Records to process: Begin
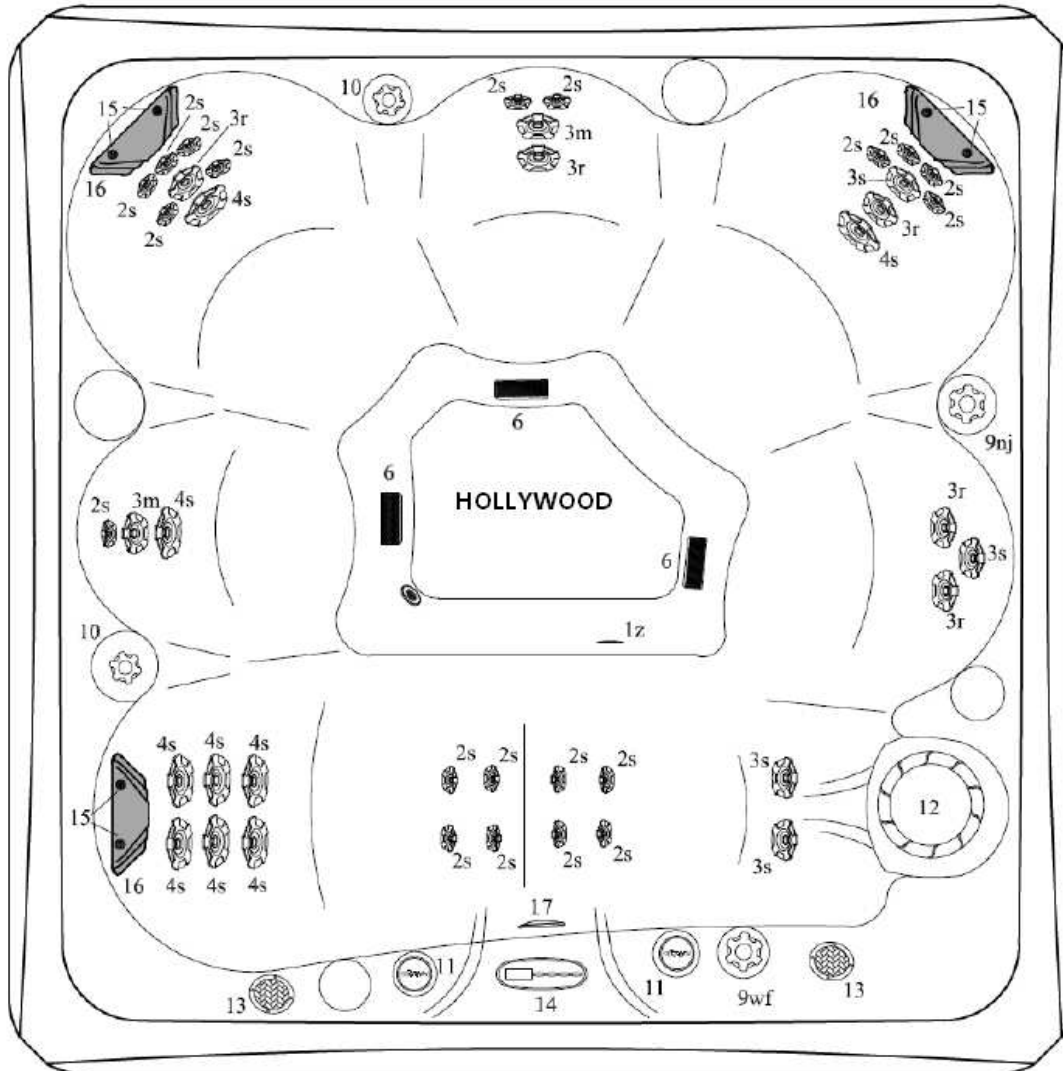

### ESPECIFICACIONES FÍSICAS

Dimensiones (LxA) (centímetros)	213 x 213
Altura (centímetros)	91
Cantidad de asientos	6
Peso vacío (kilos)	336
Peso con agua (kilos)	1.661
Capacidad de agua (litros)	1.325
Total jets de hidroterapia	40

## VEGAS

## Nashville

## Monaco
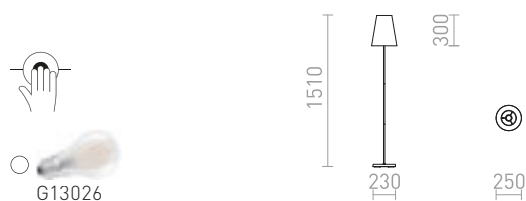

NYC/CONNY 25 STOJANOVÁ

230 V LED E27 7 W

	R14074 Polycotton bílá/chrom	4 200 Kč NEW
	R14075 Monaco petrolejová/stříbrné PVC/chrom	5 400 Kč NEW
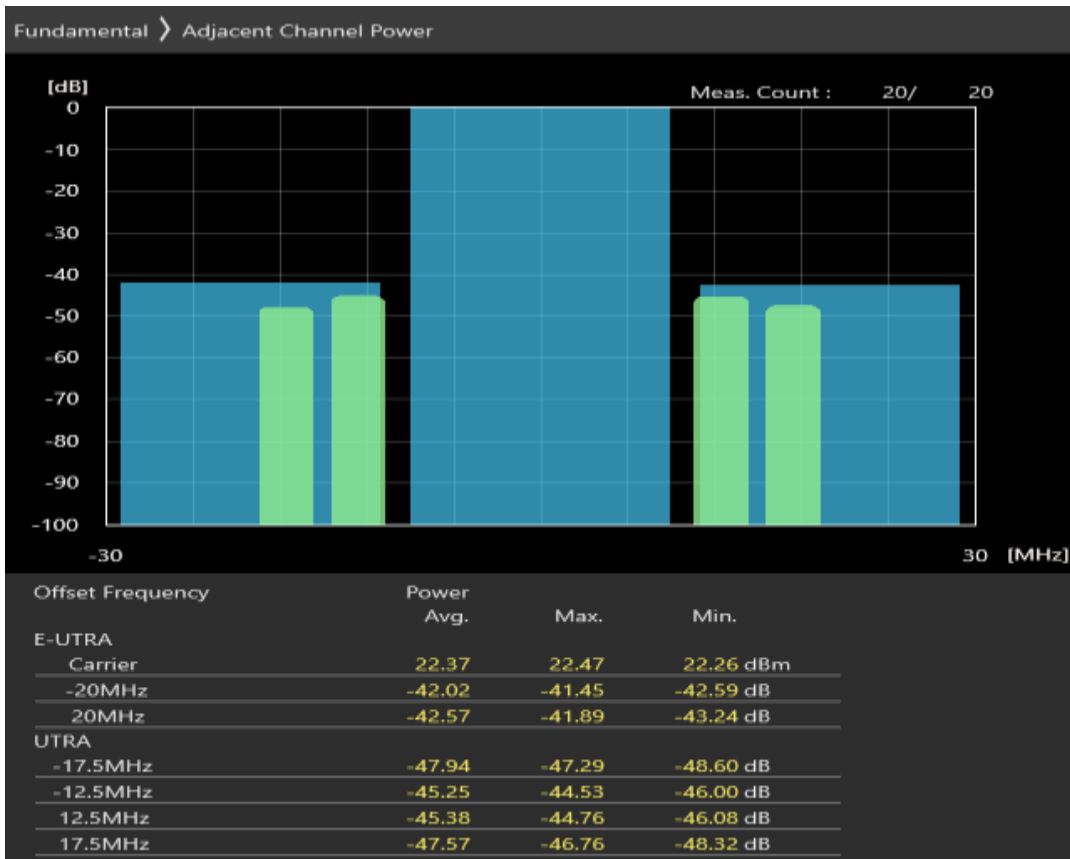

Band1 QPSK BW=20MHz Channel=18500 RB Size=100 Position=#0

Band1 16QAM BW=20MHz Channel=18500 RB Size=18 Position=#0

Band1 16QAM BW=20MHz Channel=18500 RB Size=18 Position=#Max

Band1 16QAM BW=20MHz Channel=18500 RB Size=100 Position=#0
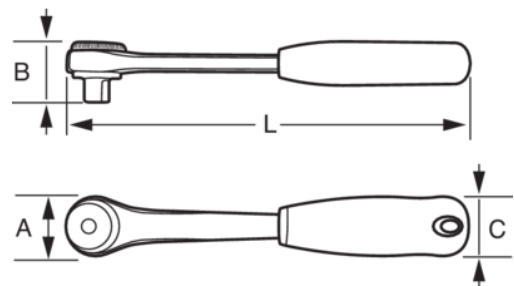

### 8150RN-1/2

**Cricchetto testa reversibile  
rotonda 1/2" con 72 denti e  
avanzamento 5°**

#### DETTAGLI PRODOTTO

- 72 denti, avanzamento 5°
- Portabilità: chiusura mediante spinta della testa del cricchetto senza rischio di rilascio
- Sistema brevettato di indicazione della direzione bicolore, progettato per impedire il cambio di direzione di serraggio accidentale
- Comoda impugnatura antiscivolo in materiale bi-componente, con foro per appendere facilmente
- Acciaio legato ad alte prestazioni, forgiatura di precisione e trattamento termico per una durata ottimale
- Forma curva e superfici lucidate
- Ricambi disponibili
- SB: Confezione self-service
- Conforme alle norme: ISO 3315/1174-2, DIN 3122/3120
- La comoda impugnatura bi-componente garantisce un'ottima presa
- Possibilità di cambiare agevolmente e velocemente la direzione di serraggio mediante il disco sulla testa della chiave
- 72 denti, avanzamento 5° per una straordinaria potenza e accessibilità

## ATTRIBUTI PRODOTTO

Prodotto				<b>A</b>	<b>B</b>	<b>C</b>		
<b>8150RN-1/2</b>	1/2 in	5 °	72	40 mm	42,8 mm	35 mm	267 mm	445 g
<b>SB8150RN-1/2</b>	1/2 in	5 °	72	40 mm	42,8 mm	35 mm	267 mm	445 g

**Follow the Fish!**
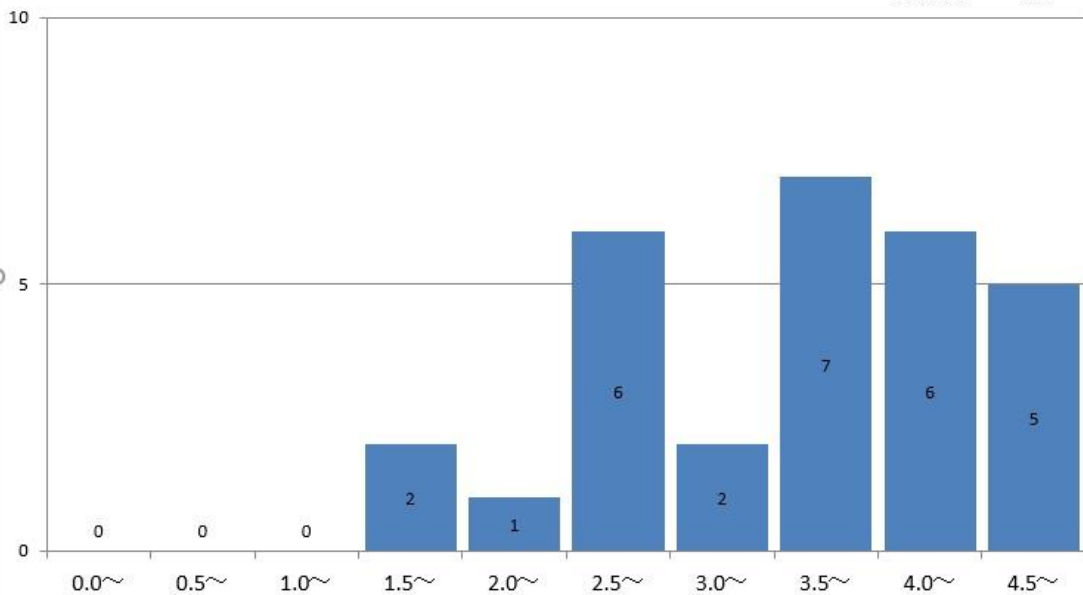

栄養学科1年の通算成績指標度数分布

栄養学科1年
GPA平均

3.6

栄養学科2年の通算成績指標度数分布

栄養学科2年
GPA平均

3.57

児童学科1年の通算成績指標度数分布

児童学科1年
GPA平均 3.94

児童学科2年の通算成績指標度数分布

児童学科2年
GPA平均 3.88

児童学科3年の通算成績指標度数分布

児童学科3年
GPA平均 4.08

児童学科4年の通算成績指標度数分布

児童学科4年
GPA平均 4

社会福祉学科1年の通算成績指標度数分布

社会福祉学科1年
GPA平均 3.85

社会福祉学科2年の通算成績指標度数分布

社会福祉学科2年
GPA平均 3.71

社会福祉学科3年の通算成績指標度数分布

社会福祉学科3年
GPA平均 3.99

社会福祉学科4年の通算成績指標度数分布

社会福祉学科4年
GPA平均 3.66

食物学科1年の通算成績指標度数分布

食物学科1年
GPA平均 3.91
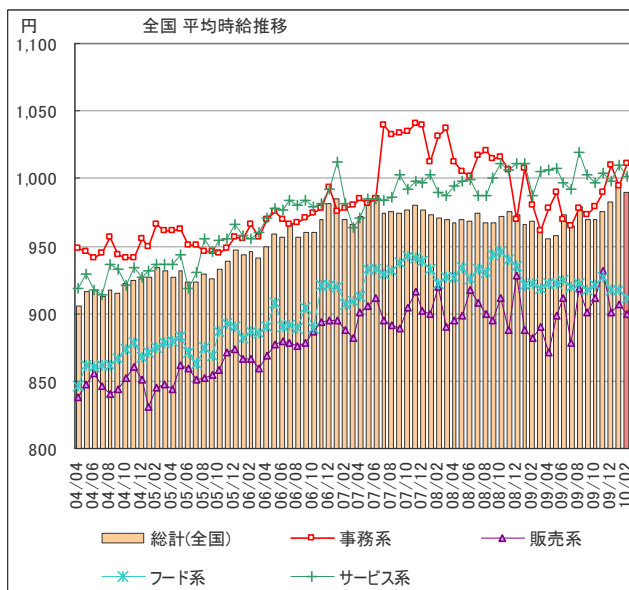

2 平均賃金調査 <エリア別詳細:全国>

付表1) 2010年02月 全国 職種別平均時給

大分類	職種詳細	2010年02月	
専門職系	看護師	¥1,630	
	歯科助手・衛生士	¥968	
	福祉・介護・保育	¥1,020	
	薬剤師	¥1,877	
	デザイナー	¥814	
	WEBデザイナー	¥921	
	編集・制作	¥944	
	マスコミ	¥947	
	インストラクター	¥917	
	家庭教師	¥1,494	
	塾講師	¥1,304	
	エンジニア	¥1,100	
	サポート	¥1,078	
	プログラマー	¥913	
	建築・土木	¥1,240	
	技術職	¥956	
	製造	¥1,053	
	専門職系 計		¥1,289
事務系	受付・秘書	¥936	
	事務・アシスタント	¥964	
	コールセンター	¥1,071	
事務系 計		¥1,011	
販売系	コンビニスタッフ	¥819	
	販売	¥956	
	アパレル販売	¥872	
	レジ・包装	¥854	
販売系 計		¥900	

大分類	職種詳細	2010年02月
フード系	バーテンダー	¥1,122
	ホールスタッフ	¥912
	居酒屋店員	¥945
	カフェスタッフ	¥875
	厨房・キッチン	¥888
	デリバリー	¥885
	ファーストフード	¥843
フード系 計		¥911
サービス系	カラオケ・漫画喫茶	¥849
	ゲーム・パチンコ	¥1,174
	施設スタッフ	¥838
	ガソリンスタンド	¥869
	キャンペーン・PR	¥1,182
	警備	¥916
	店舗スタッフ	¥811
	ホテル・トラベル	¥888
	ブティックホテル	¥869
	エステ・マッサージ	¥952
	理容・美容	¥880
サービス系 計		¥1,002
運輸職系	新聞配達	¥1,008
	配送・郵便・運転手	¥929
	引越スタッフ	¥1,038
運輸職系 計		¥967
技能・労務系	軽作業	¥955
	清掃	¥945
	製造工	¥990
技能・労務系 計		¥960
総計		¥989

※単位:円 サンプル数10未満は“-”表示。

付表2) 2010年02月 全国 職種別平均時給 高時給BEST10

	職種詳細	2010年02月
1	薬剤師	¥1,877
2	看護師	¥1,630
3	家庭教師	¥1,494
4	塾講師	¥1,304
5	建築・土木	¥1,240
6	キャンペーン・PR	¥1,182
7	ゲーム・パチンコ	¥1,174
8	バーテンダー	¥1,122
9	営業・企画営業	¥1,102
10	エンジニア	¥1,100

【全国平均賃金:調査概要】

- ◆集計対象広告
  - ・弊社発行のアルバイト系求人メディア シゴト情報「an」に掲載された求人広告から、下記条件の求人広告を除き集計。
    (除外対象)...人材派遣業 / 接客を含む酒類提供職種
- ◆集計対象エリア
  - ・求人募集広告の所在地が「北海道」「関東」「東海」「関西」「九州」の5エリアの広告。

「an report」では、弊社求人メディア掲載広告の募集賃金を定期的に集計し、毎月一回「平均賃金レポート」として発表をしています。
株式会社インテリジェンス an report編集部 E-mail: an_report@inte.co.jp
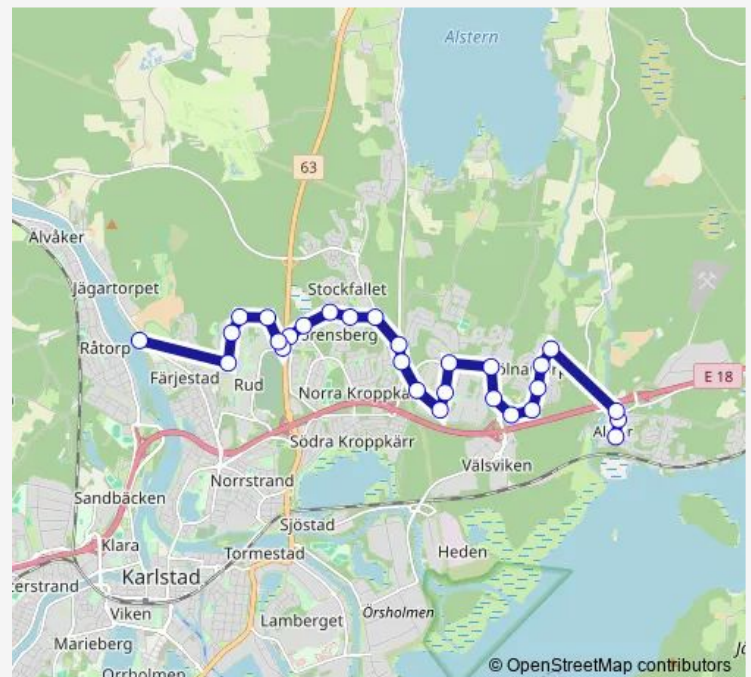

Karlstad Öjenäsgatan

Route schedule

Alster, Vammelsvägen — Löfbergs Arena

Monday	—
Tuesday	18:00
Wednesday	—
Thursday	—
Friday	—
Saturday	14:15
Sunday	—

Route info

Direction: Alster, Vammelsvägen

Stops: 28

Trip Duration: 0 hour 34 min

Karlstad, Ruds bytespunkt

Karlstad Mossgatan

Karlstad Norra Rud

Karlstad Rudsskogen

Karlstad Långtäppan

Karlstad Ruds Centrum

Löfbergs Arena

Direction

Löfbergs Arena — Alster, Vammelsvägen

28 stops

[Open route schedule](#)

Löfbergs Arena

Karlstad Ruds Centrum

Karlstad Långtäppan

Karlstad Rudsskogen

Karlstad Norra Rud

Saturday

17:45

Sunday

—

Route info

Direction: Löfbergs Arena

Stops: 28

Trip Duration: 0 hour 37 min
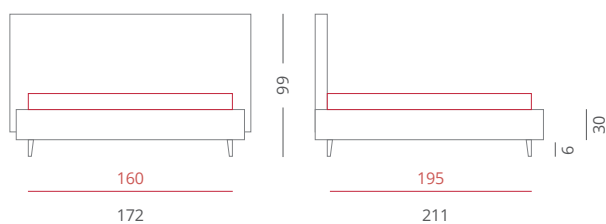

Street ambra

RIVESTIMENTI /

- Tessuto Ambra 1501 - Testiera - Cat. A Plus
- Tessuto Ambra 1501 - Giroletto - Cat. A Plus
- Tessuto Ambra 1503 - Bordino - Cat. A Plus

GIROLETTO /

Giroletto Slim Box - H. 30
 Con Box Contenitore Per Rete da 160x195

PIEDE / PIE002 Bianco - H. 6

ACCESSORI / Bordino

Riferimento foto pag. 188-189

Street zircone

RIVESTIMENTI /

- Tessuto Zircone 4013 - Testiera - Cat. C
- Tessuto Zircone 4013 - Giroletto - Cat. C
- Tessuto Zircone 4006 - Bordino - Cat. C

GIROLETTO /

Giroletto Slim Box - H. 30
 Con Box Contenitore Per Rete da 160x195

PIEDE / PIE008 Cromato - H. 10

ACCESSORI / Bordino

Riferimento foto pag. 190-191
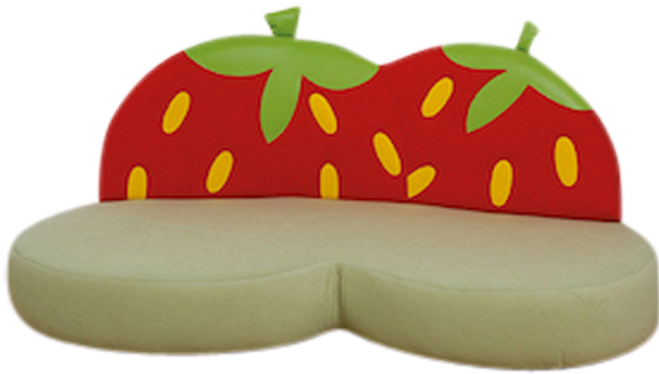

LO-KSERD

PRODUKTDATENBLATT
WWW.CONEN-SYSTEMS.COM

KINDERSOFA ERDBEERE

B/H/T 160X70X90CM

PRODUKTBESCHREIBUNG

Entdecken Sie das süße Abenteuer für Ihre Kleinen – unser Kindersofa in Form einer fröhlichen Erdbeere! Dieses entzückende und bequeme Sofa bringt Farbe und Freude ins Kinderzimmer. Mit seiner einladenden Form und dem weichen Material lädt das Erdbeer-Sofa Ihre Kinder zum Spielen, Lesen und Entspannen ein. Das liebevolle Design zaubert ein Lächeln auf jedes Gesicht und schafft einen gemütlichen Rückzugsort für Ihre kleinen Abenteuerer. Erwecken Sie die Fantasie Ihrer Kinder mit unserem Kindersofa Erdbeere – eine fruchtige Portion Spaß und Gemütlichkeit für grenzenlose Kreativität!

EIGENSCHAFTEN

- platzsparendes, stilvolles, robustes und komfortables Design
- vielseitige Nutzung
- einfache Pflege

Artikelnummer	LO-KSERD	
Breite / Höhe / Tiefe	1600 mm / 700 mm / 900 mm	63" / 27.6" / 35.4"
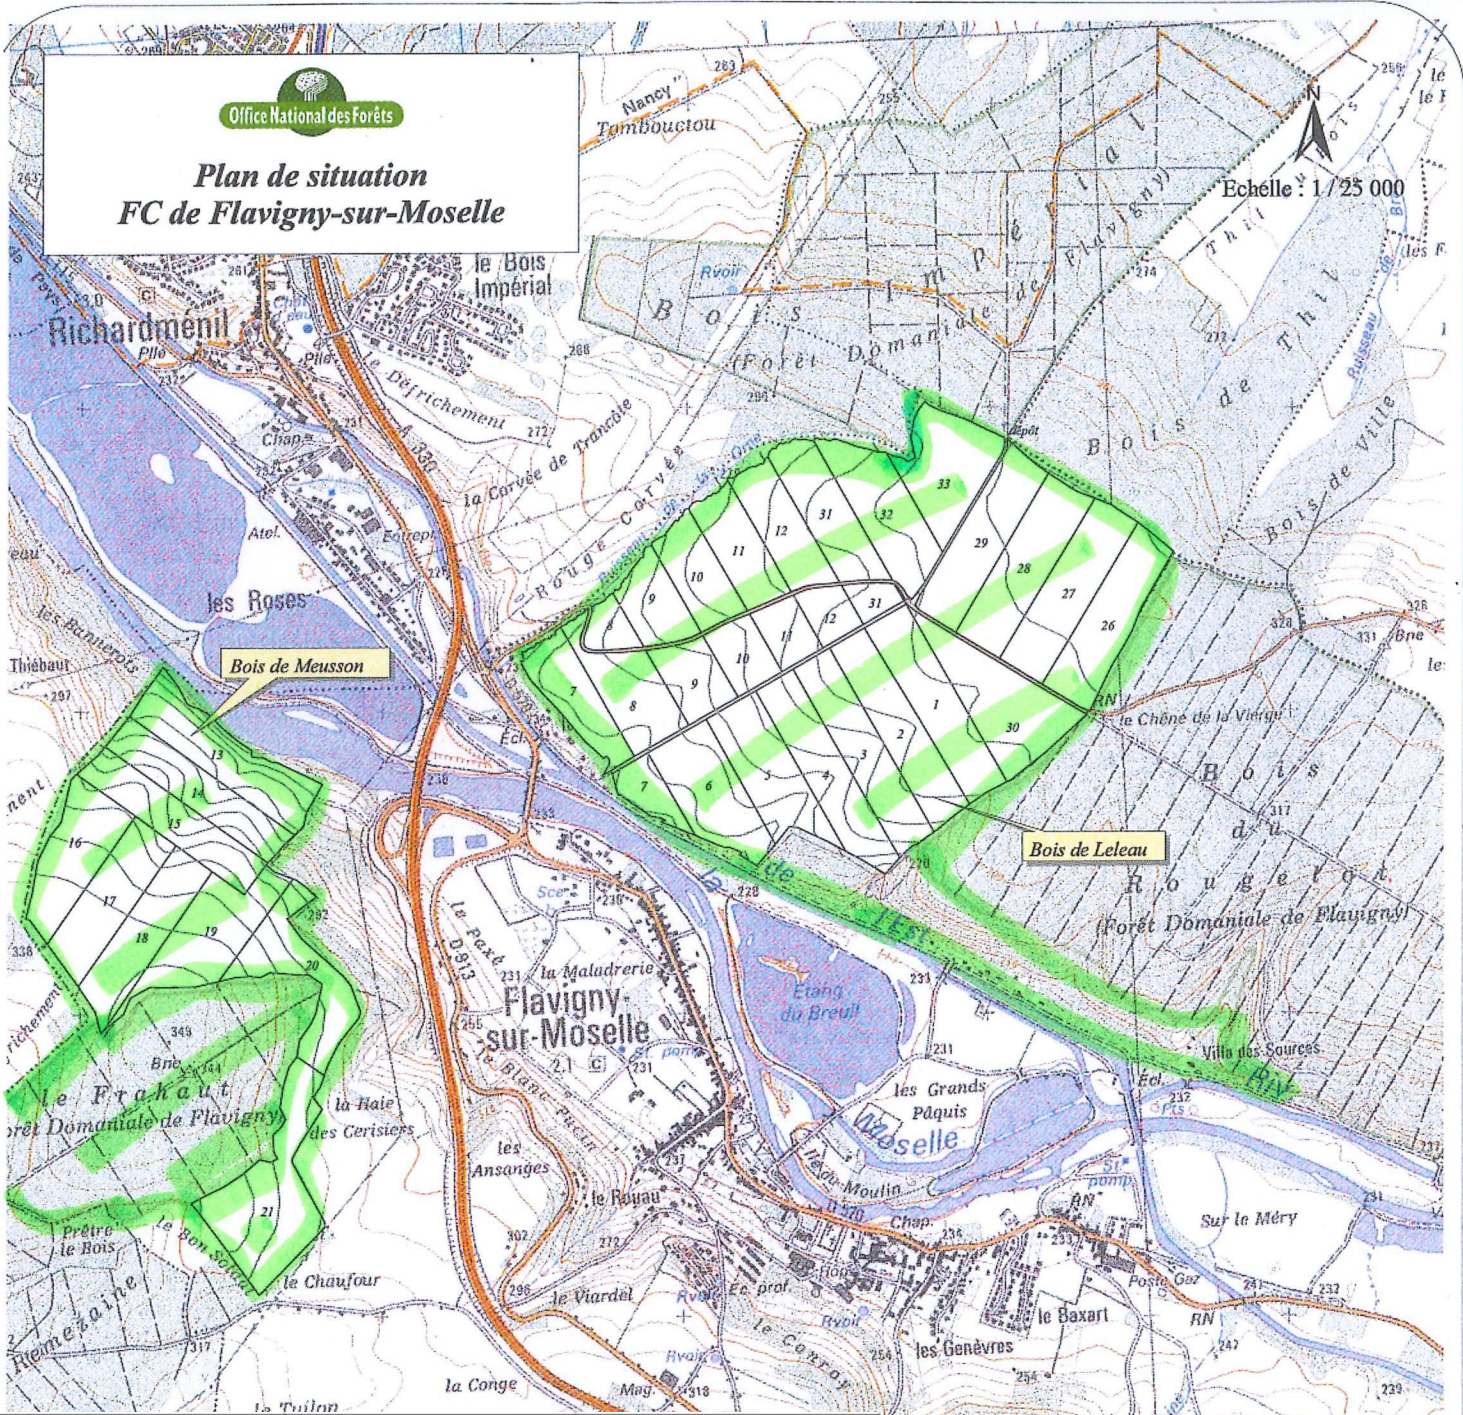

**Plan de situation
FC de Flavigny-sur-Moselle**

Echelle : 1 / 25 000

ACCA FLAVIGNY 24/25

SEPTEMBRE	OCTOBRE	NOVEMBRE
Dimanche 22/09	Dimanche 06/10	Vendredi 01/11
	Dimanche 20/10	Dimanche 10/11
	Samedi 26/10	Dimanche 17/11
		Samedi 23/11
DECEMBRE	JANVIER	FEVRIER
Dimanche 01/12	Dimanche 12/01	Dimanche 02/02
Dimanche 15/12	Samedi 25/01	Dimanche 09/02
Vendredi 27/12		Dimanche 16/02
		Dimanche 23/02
Records to process: End
About this task -> Select all lines in the listing above where the word "Position" appears, and show them.

Answer to this task ->
Band1 QPSK BW=20MHz Channel=18500 RB Size=100 Position=#0
Band1 16QAM BW=20MHz Channel=18500 RB Size=18 Position=#0
Band1 16QAM BW=20MHz Channel=18500 RB Size=18 Position=#Max
Band1 16QAM BW=20MHz Channel=18500 RB Size=100 Position=#0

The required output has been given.